Twelve people were killed when a Myanmar military plane crashed in a central region of the country Thursday, a spokesman for the junta said.
The plane, which was carrying six crew and eight passengers, crashed near the city of Pyin Oo Lwin, the spokesperson said in a statement to journalists, blaming the cause on ‘bad weather’.
‘It lost communications when it was 400 metres (1,300 feet) away from a steel factory near the airport,’ Zaw Min Tun said in a statement.
A senior monk was among those on board, the statement said, adding a team had been able to rescue a boy and a sergeant, who had been sent to a nearby military hospital.
Emergency workers were still on the scene, it continued.
A picture posted on social media showed the twisted body of a plane lying in a field.
Myanmar's Buddhist monkhood led an earlier struggle against military rule but is split on the coup that ended the country's nascent democracy, with some prominent religious leaders defending the new junta.
Pyin Oo Lwin is home to the Defence Services Academy, where the military's top brass are trained.
Junta leader Min Aung Hlaing, who ousted civilian leader Aung San Suu Kyi from power in the February 1 coup, is a graduate.

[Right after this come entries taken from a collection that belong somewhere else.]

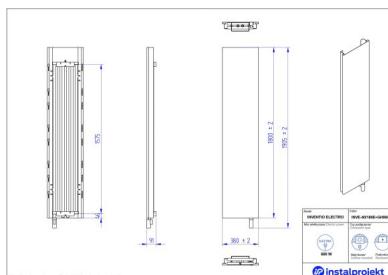

inve-40_180.jpg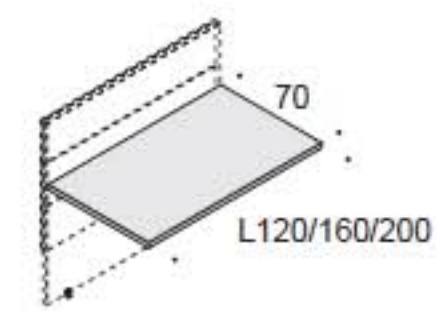

LINEARE

PANNELLI ESEDRA

PANNELLI ESEDRA LIGHT

PIANI LINEARI

TOP LINEARI

CURVO 45°

PANNELLI ESEDRA

PANNELLI ESEDRA LIGHT

PIANI ARCO 45°

TOP CURVO 45°

CURVO 60°

PANNELLI ESEDRA

PANNELLI ESEDRA LIGHT

PIANI ARCO 60°

TOP CURVO 60°

ANGOLO

PANNELLI ESEDRA

PANNELLI ESEDRA LIGHT

PIANI ANGOLO

TOP LINEARE

ELEMENTI DI CHIUSURA LATERALE

ANGOLO

GAMBA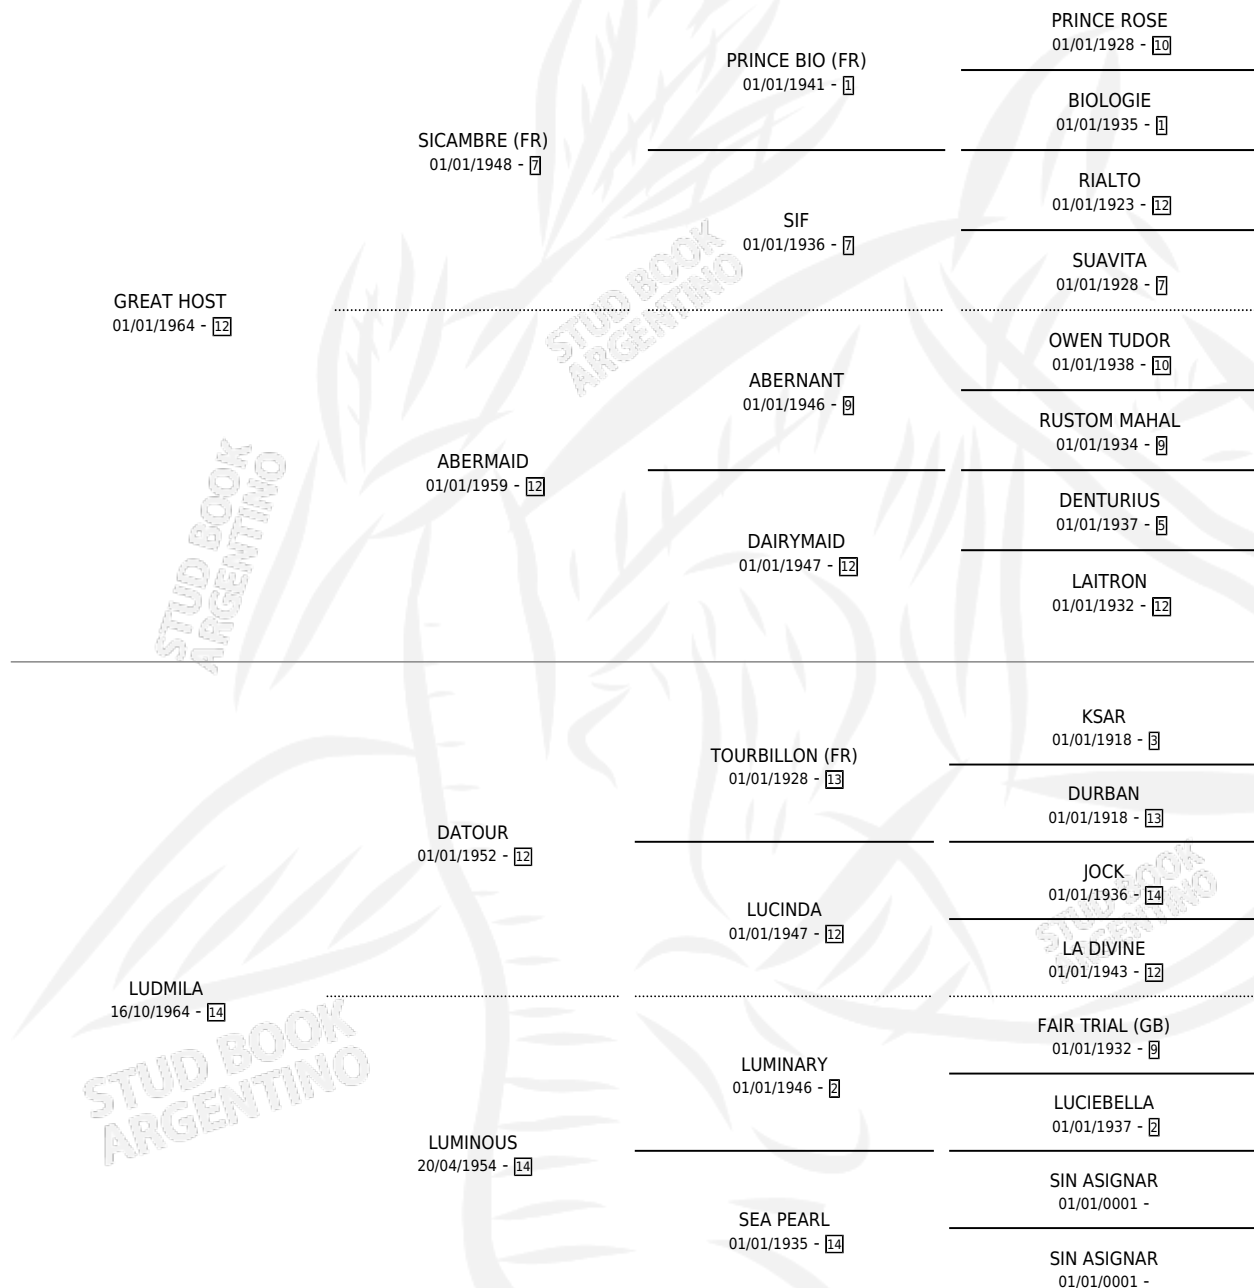

MISS BARBARA

por **GREAT HOST** y **LUDMILA** por **DATOUR**

Argentina · Hembra · Alazan Tostado · SP · 01/01/1971
Familia 14-b · Volumen 27

ESTADO

TIPIFICACIÓN SANGUÍNEA	X
TIPIFICACIÓN POR ADN	X
PASAPORTE	X
IDENTIFICACIÓN POR MICROCHIP	X
REPRODUCTOR	✓

Lugar de nacimiento: Campo particular

Criador: Sin dato

~

HIJOS

	MACHOS	HEMBRAS
11 NACIERON	6	5
8 CORRIERON	6	2
8 GANARON	6	2

0	0	0
GANADORES CL	GANADORES GR	GANADORES G1

PEDIGREE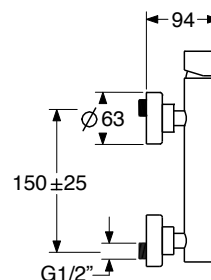

CR € 371,53

WM BM € 597,45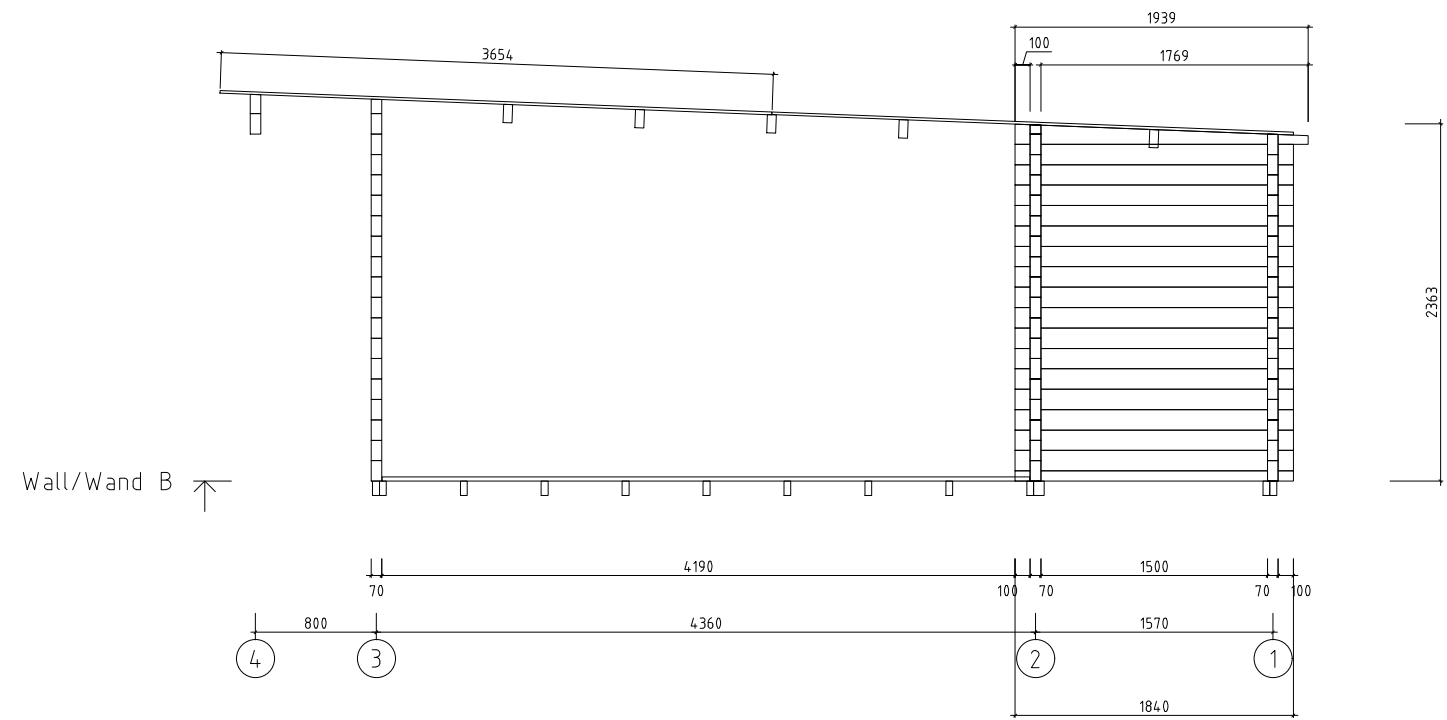

 <a href="http://www.hansa24.com">www.hansa24.com</a>	Name		Holiday S 1220x620+VD 70		SKU		RM23488
	Drawing/Zeichnung		Wall/Wand B		Format		A3
	Profile/Profil	7x13.5	Scale/Maßstab	1:50	Date	10.10.2023	

 www.hansa24.com	Name		Holiday S 1220x620+VD 70		SKU		RM23488
	Drawing/Zeichnung		Wall/Wand E		Format		A3
	Profile/Profil	7x13.5	Scale/Maßstab	1:50	Date	10.10.2023	

 www.hansa24.com	Name Holiday S 1220x620+VD 70		SKU RM23488
	Drawing/Zeichnung Wall/Wand F		Format A3
	Profile/Profil 7x13.5	Scale/Maßstab 1:50	Date 10.10.2023

 www.hansa24.com	Name Holiday S 1220x620+VD 70		SKU RM23488
	Drawing/Zeichnung Wall/Wand 1		Format A3
	Profile/Profil 7x13.5	Scale/Maßstab 1:50	Date 10.10.2023

 <a href="http://www.hansa24.com">www.hansa24.com</a>	Name		Holiday S 1220x620+VD 70		SKU		RM23488
	Drawing/Zeichnung		Wall/Wand 2		Format		A3
	Profile/Profil	7x13.5	Scale/Maßstab	1:50	Date	10.10.2023	

 <a href="http://www.hansa24.com">www.hansa24.com</a>	Name Holiday S 1220x620+VD 70		SKU RM23488
	Drawing/Zeichnung Wall/Wand 3		Format A3
	Profile/Profil 7x13.5	Scale/Maßstab 1:50	Date 10.10.2023

 <a href="http://www.hansa24.com">www.hansa24.com</a>	Name		Holiday S 1220x620+VD 70		SKU	RM23488
	Drawing/Zeichnung		Wall/Wand 4		Format	A3
	Profile/Profil	7x13.5	Scale/Maßstab	1:50	Date	10.10.2023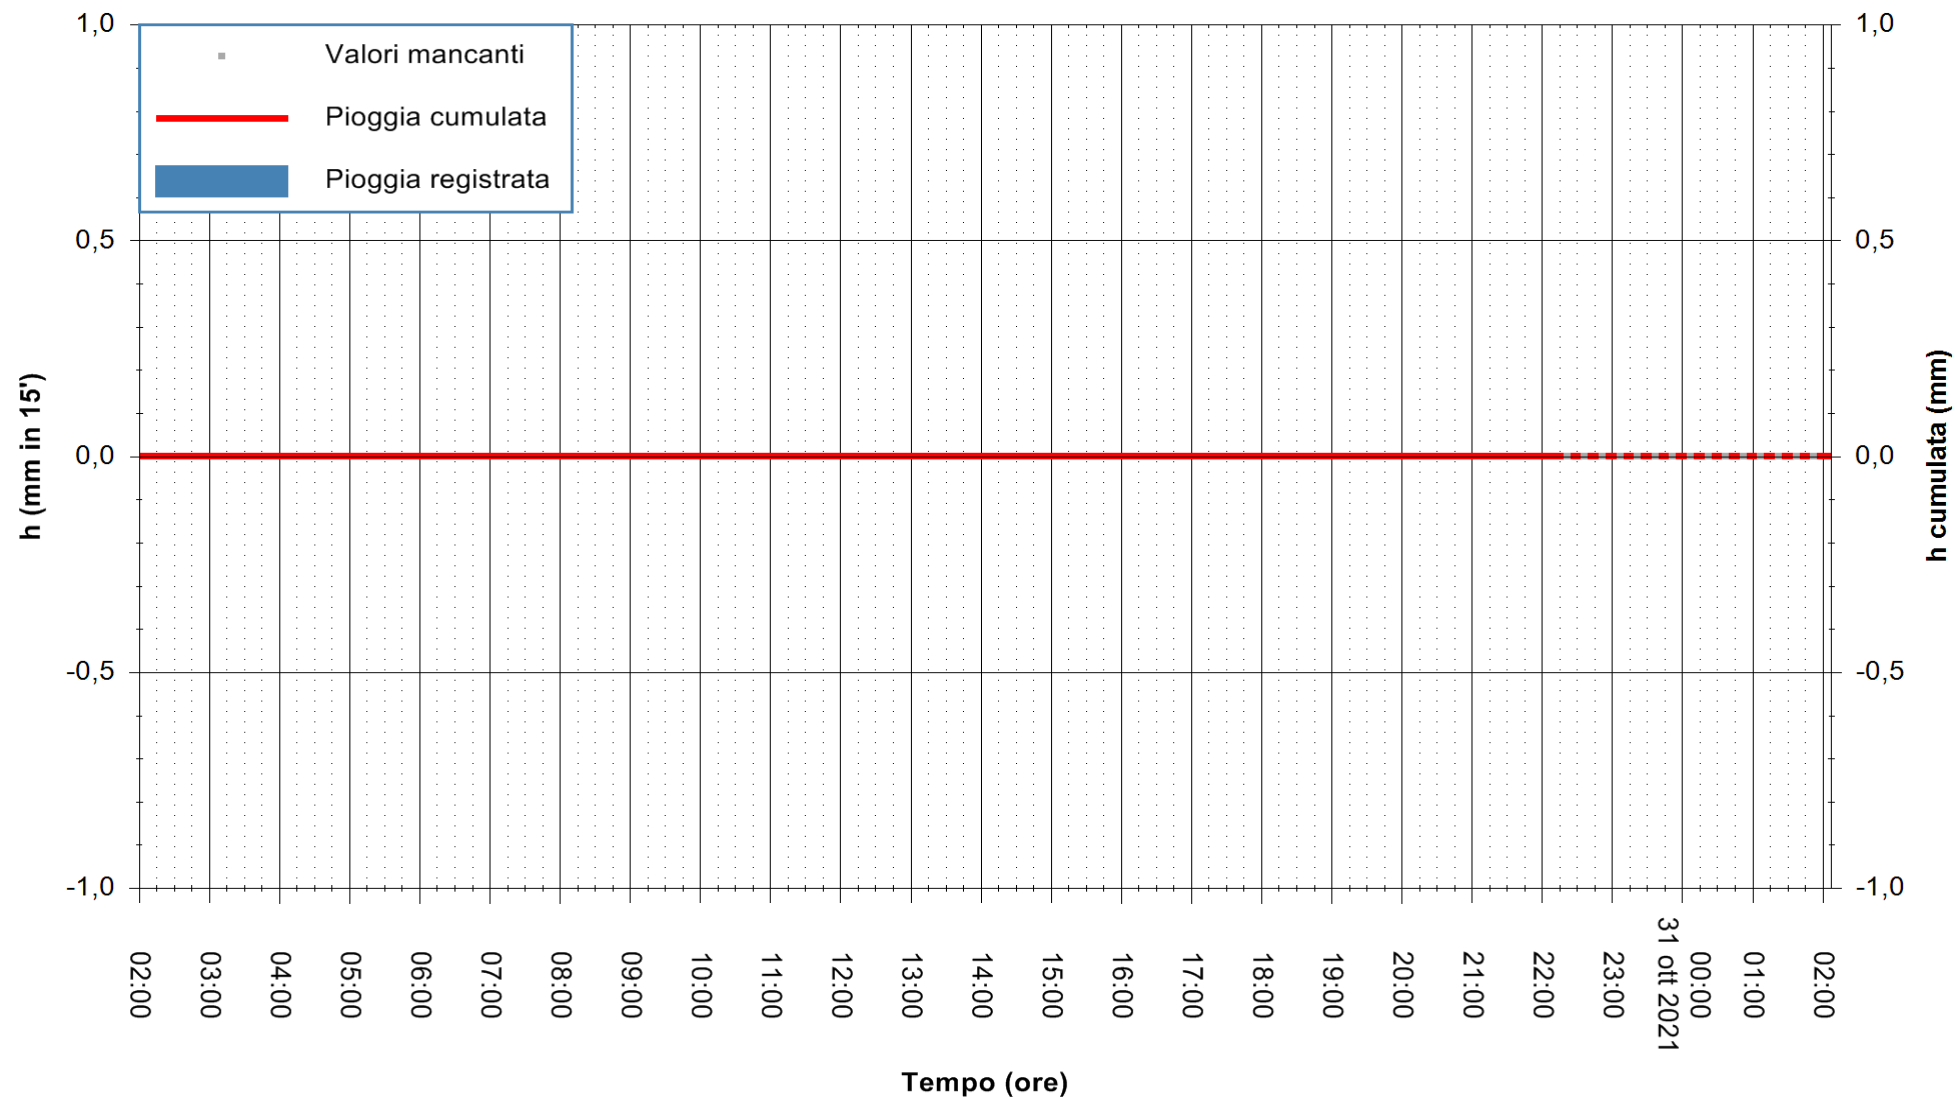

ARPAS
F.to il Dirigente Responsabile
Dott. Giuseppe Bianco

REGIONE AUTONOMA DE SARDIGNA
REGIONE AUTONOMA DELLA SARDEGNA

Stazione pluviometrica SINISCOLA RF
Area SU PRANU
Pioggia registrata nelle ultime 24 ore
Estrazione dati delle ore 22:48 del 30/10/2021
Ultimo dato disponibile: 30/10/2021 alle 22:30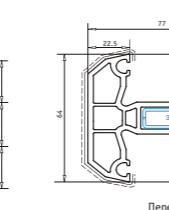

Ложный импост 46 мм
Арт. № 102.219
Заглушка для 102.219
арт. № 109.519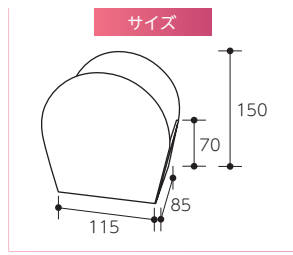

こどもの日

母の日

父の日

20-2623
マテリアルスタンド ルージュ ヤ
 サイズ:83×70×135
 入数:100 重量:15g
 ●材質:紙

20-2627
マテリアルキューブ ルージュ ヤ
 サイズ:125×125×80
 入数:100 重量:26g
 ●材質:紙

20-2647
メッセージギフト レッド ヤ
 サイズ:210×120×40
 入数:100 重量:40g
 ●材質:紙

イベントケース 母の日
 (20-665)とセットでのご使用がオススメ!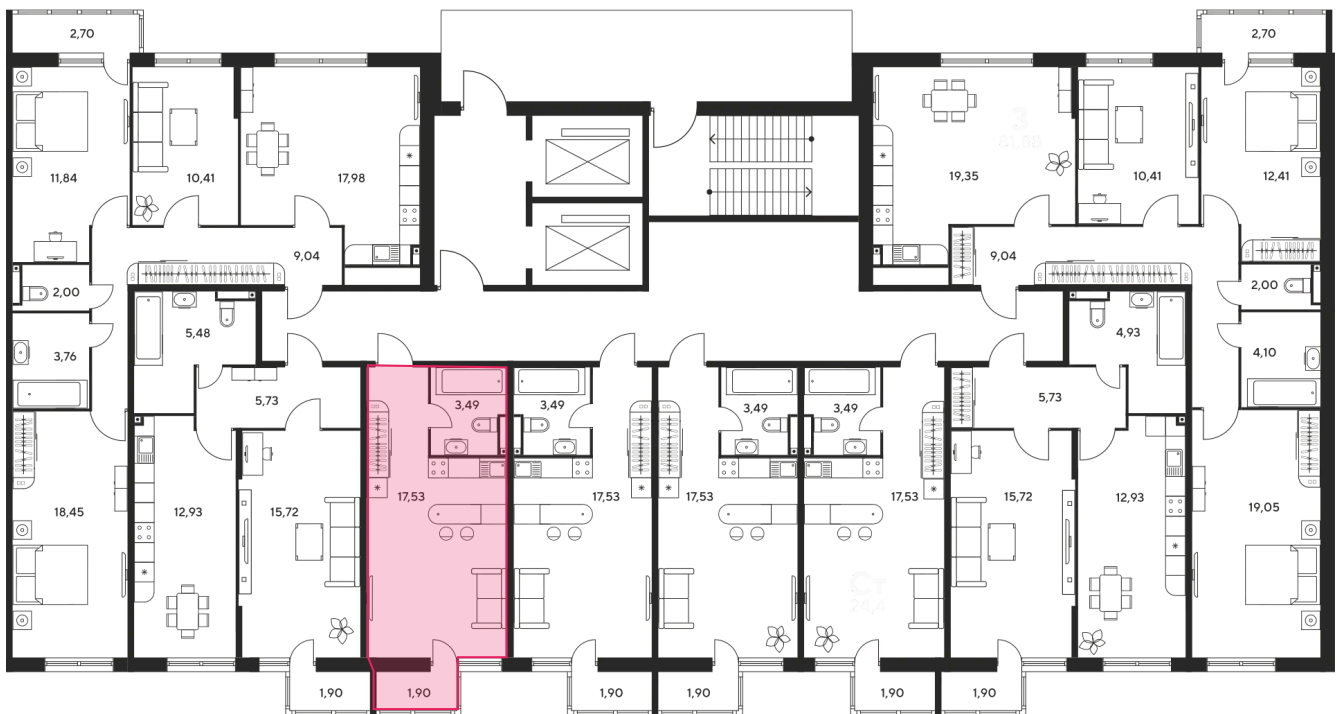

Номер: 302

Студия 24.13 м²

Отсканируйте QR-код
и смотрите на сайте
sk10malinapark.ru

Цена по запросу

Корпус	1	Этаж	15
Секция	секция 1.2 (1-1)		

Адрес офиса продаж
г Ростов-на-Дону, ул Малиновского, д 33Б

04.12.2024, 09:08

Не является публичной офертой, цена может быть скорректирована. Информация взята с сайта «sk10malinapark.ru»

На этаже 15

Студия 24.13 м²

Адрес офиса продаж
г Ростов-на-Дону, ул Малиновского, д 33Б

04.12.2024, 09:08

The military has sought to quell mass anti-junta protests with bloody crackdowns that have killed more than 800 civilians, according to a local monitoring group.
This has prompted civilians in some townships to form ‘defence forces’, while some of Myanmar's ethnic rebel armies have stepped up offensives against the military.
Last month, the Kachin Independence Army -- an ethnic rebel group that has waged a decades-long insurgency against the military -- downed an army helicopter during fierce clashes.
Plane crashes are common in Myanmar due to its underdeveloped aviation sector, and Myanmar's monsoon season has caused problems for commercial and military flights in the past.
A military plane crashed into the Andaman Sea in 2017, killing all 122 people on board in one of the deadliest aviation accidents in the country's history. Authorities blamed bad weather.
And in 2015, an Air Bagan passenger plane veered off the runway amid bad weather and heavy rain. A passenger and a person on the ground were killed.